TL / DR: convertibles get an outing, pension deficits and gutting debt protections
1. Convertibles get an outing
- According to investment bank convertible bond teams, it is always the right time to issue a convertible bond.
- if stock prices are high then the conversion price will be 30-40% up and probably at an all-time high.
- if prices are low because business is tough then the convert may be one of the few debt capital markets open to you.
- From an issuers’ perspective, the problem with converts is that they are debt when you want them to be equity, and equity when you want them to be debt. But your choices are always constrained when you sell optionality.
- A few recent UK deals highlight that they can really be flexible tools in the right situations:
- IWG sold £350m 7-year convert at 0.5% coupon and 40% premium. This was upsized from £300m and priced at the low end of coupon and high end of premium. Embedded credit spread was 350bp and implied vol of 30%. This will fund an acquisition war chest.
- Capital & Counties sold £275m of 6-year exchangeable bond (into part of its Shaftesbury shareholding) at 2% coupon.
- Both of these achieved long-dated debt without significant covenants and a discounted coupon, based on giving up some upside if share prices rise significantly.
- Minimum size remains a constraining factor for many of our clients: markets are generally interested in deals of at least £80m. There have been only 10 sterling convertible bonds for £100m or less in the past 10 years.
- Finally if you ever do a convertible bond then it’s obligatory to name the project after an E-Type, etc.
2. Et in Arcadia, ego
- This week’s news on Arcadia and Debenhams prompted me to reflect on pensions and how to measure a liability today which can extend decades into the future.
- I took a look at the accounts of BHS and Arcadia back in the 2000s when it paid the famous £1.2bn dividend to Tina: at the time, the schemes were in surplus – but this was with future pension payments discounted at almost 7% one year.
- Back in 2007, 10-year gilts yielded 5.5% and in 2008 AA sterling yields exceeded 8%!
- For any 40-year stream of cashflows, moving the discount rate from 7% to 1% increases the present value by 140% (because of convexity).
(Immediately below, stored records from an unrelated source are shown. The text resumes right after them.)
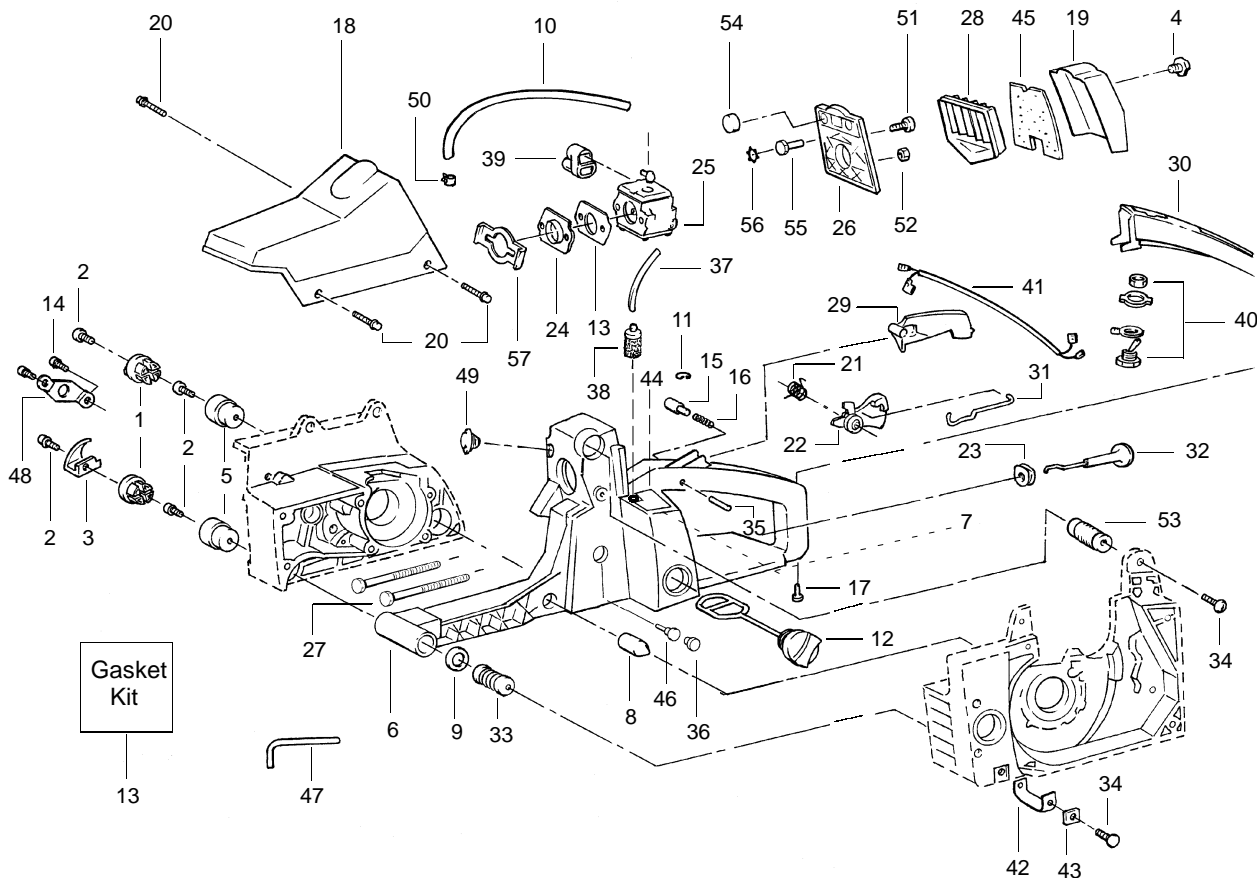

PARTS LIST NO. 530087168		POULAN® PARTS LIST	Chain Saw Model(s): 3450 & 3750	
DATE 1/6/03	REPLACES 530087168 - 7/12/01		Note: Illustration may differ from actual model due to design changes	PAGE NO. 2

KEY NO.	PART NO.	DESCRIPTION	KEY NO.	PART NO.	DESCRIPTION
1	530027732	Retainer-Chain Catcher	29	530027135	Throttle Lockout
2	530016057	Screw	30	-	Rear Handle Cover
3	530027733	Chain Catcher		530053351	(Purple)
4	530049248	Knob-Carb. Cover		530049257	(Black)
5	530042080	Lower Isolator	31	530027073	Throttle Wire
6	530069974	Tank & Handle Kit	32	530027075	Choke Knob
7	530019192	Seal Carb. Cover-Left	33	530069384	Isolator Kit
8	530027187	Isolator-Bumper	34	530015871	Screw
9	530015123	Washer	35	530015701	Dowel Pin
10	530069897	Impulse Line Kit	36	530038264	Plug-Bronze Vent
11	530015702	"C" Clip	37	530069910	Fuel Line Kit
12	530010845	Fuel Cap Ass'y. (Incl. "O" Ring)	38	530091878	Fuel Filter Ass'y.
13	530069891	Gasket Kit	39	530049265	Carb. Grommet
14	530015875	Screw	40	530069225	Switch Kit
15	530029666	Button-Throttle Lock	41	530027138	Lead Wire Ass'y.
16	530024772	Spring-Throttle	42	530037009	AV Strap
17	530015716	Screw	43	530037012	Strap Retainer Plate
18	-	Cylinder Shield	44	530019191	Seal Carb Cover-Right
	530053329	(Purple)	45	530049684	Sound Foam
	530049271	(Black)	46	530026119	Check Valve
19	-	Carb. Cover Ass'y.	47	530031159	Hex Wrench 5/32
	530053362	(Purple)	48	530029347	Bracket
	530053440	(Black)	49	530025922	Plug-Air Box
20	530015650	Screw	50	530053893	Clamp
21	530027134	Trigger Latch Spring	51	530015598	Screw-Air Filter Base
22	530027133	Throttle Trigger	52	530049561	Nut-Air Filter
23	530036053	Grommet-Choke Rod	53	530047334	Cylinder Mount Ass'y.
24	530049465	Bracket-Intake	54	530027399	Bumper
25	530069895	Carburetor Kit (HDA-164)	55	530015839	Screw-Carb Knob
26	530049260	Air Filter Base	56	530016199	Retaining Ring
27	530049562	Carb. Mounting Stud	57	530049273	Bracket-Carb Stud
28	503553902	Air Filter			

↙ = NEW PART NUMBER FOR THIS IPL

★ = REFER TO THE SERVICE REFERENCE INDICATED FOR MORE INFORMATION. (LOCATED AT END OF IPL)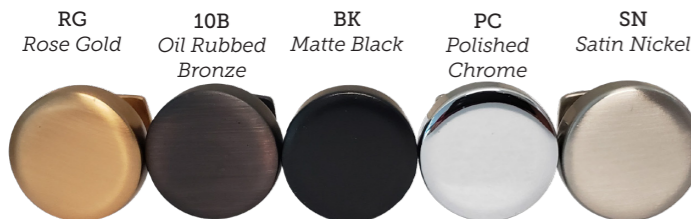

DP - Dark Pewter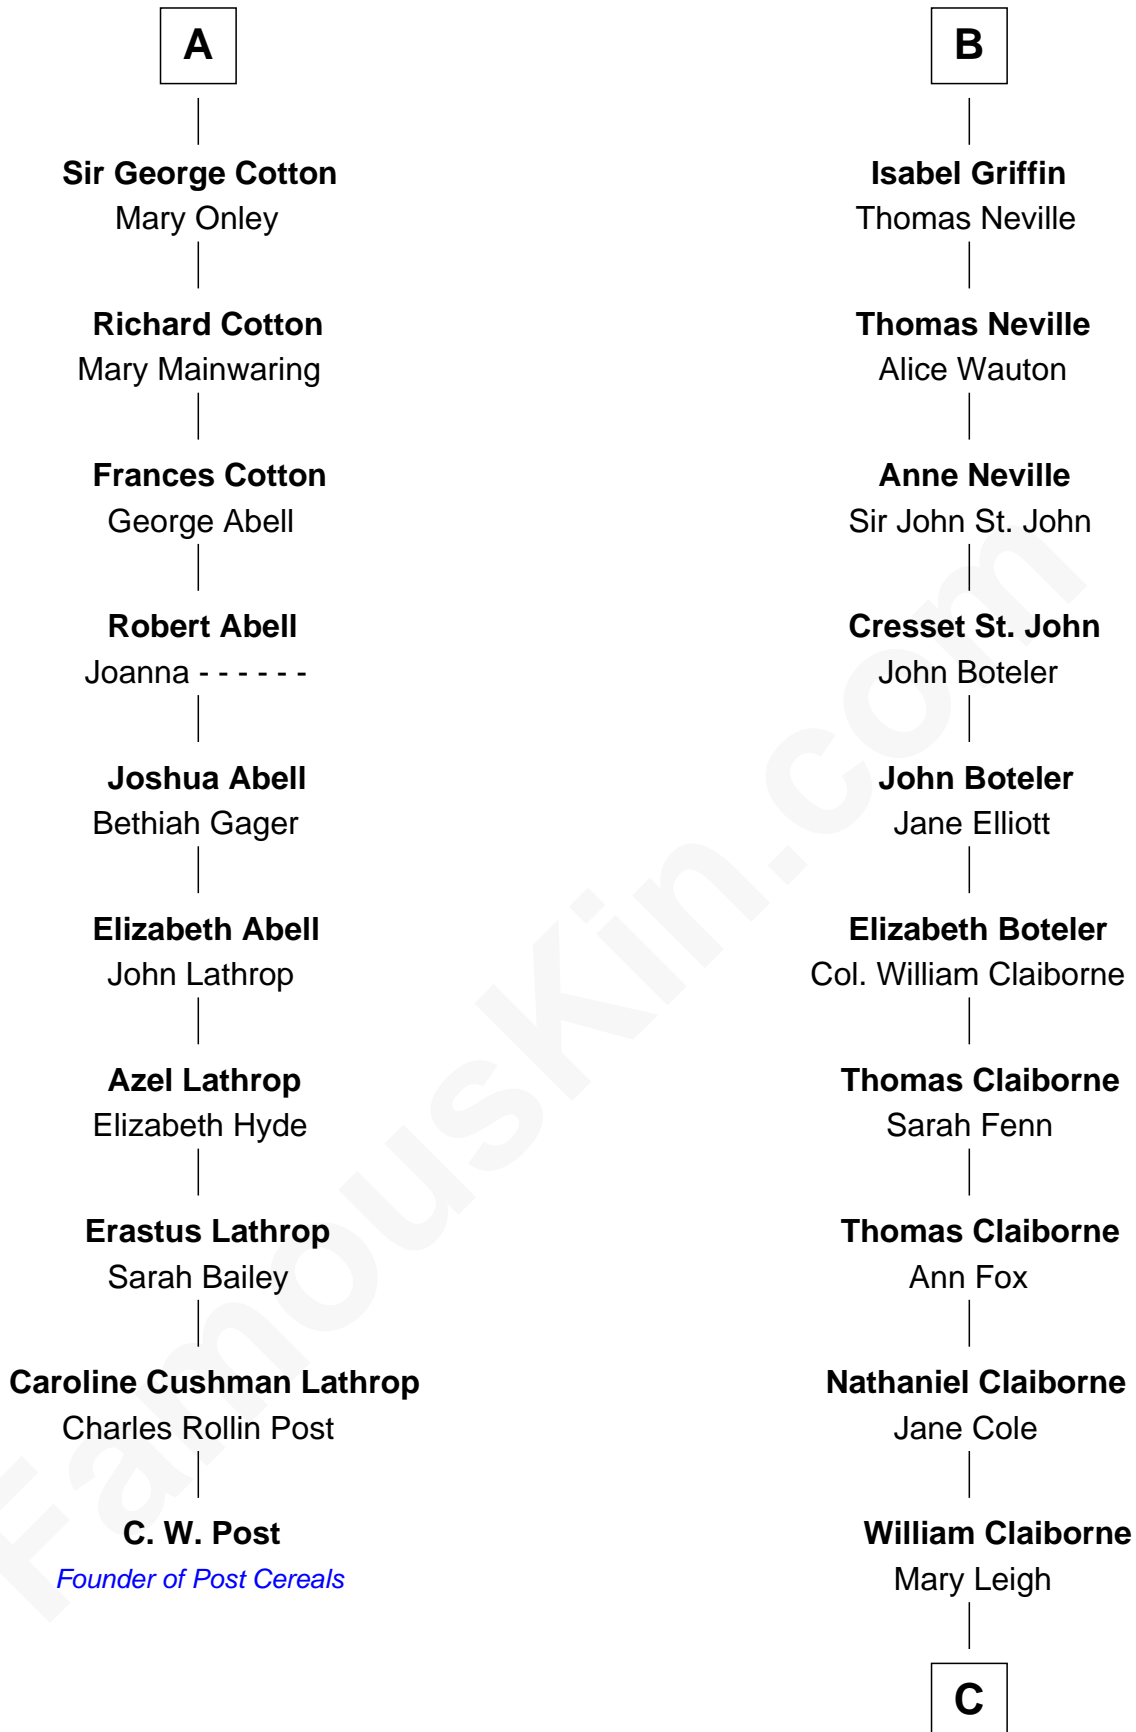

FamousKin.com Relationship Chart of

C. W. Post

Founder of Post Cereals

16th cousin 5 times removed of

Liz Claiborne

Fashion Designer and Founder of Liz Claiborne Inc.

Sir William de Cantilupe

Eve de Braiose

C

William Charles Cole Claiborne

Clarisse Duralde

William Charles Cole Claiborne

Louise de Balathier

Fernand Claiborne

Marie Louise Villeré

Omer Villere Claiborne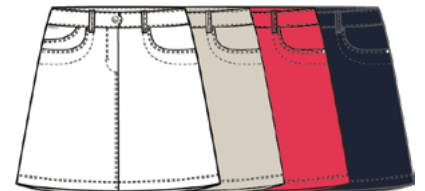

MARIKA SKORT NI8210610
4-Way Stretch Woven NI0054
90 Polyester / 10 Spandex
Length 18"

© 100 white 2 4 6 8 10 12 14 16 18
123 cement 633 geranium © 400 navy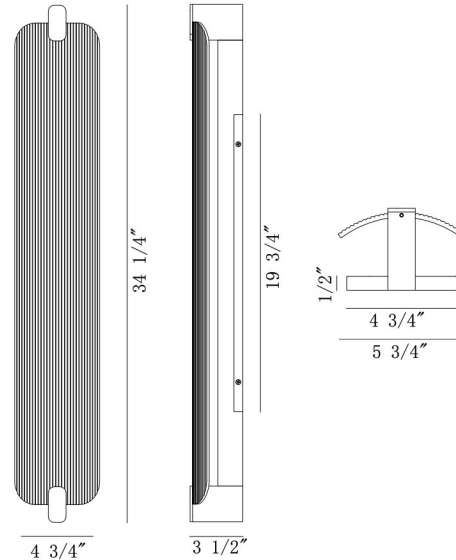

EUROfase

Neoness, Outdoor, 34", Matte Black, Clear Glass

Item No.
50063-024

JOB NAME:

DATE:

TYPE:

COMMENTS:

LIGHT INFORMATION

Light Type Integrated LED

Bulb Socket N/A

Bulb Shape N/A

Bulb Included N/A

CRI 90

Delivered Lumens 1518

Colour Temperature (Kelvin) 3000K

Average Hours LED (L70) 52000

DIMENSIONS & WEIGHT

Product Width (In) 5.75

Product Height (In) 34.25

Product Ext (In) 3.5

Product Diameter (In)

Product Weight (Lbs) 7.72

Product Length (In)

INSTALLATION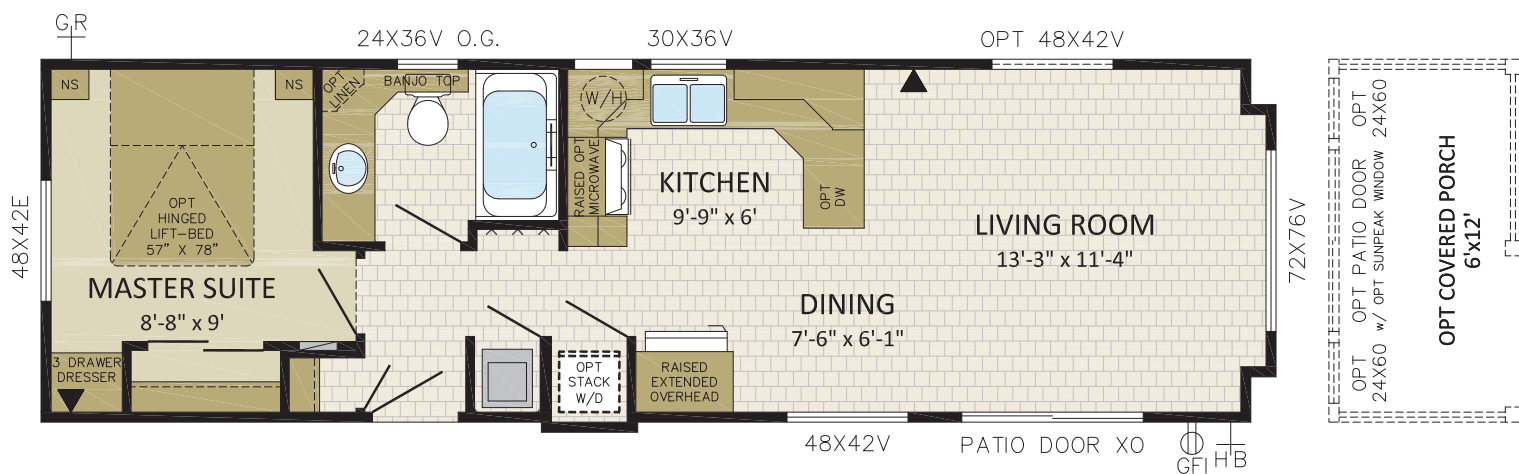

1 BDRM, 1 BATH, FRONT LR | 12'x40' | 488 sqft | 12PM40001

Follow us:

If a scheme is fully funded at a 7% discount rate then it will have a deficit of 1.5x assets if discount rates fall to 1%.
- My takeaway is not that Arcadia was fine in 2006 but in leveraging itself up with the special dividend, it should also have hedged itself better against falling rates either by specific interest rate hedges or by switching to bonds as did Boots did in 2001 (also providing John Ralfe with a career in pension commentary).
3. Disenfranchising leveraged lenders
- Cov-lite comprises over 80% of broadly syndicated market and lending standards have continued to loosen with Moody’s recently assessing recent loans as about as bad for lenders (good for borrowers) as ever.
- Not surprisingly, recent data suggests cov-lite loans result in lower recoveries for lenders in the event of default: S&P estimates median recoveries for cov-lite are 34% lower than for covenanted deals (despite covenants really only being included for the deals which are worse / harder to sell).
- A new development was reached this week with Blackstone managing to sell bonds in Ancestry.com where lenders’ voting rights are no longer proportionate to their holdings. Instead, any individual bondholder’s votes are capped at 20% unless Ancestry.com wishes otherwise.
- A representative from the European Leveraged Finance Association called it “just awful”, but perhaps the finger should be pointed at investors that provided $9bn of orders for the deal.
Soon leveraged debt will be reclassified as low-yielding preference shares with minimal governance rights.
- In the same week, the lowest yielding “high yield” bond of the year was issued in Japan: 1% for Aiful. Again, no-one is forcing investors to buy this…
UK debt financings this week:
- Volution has signed a 3+1+1 year £150m RCF with the margin linked to sustainability performance targets.
- LMAX Group has agreed a 4 year £40m RCF with SVB.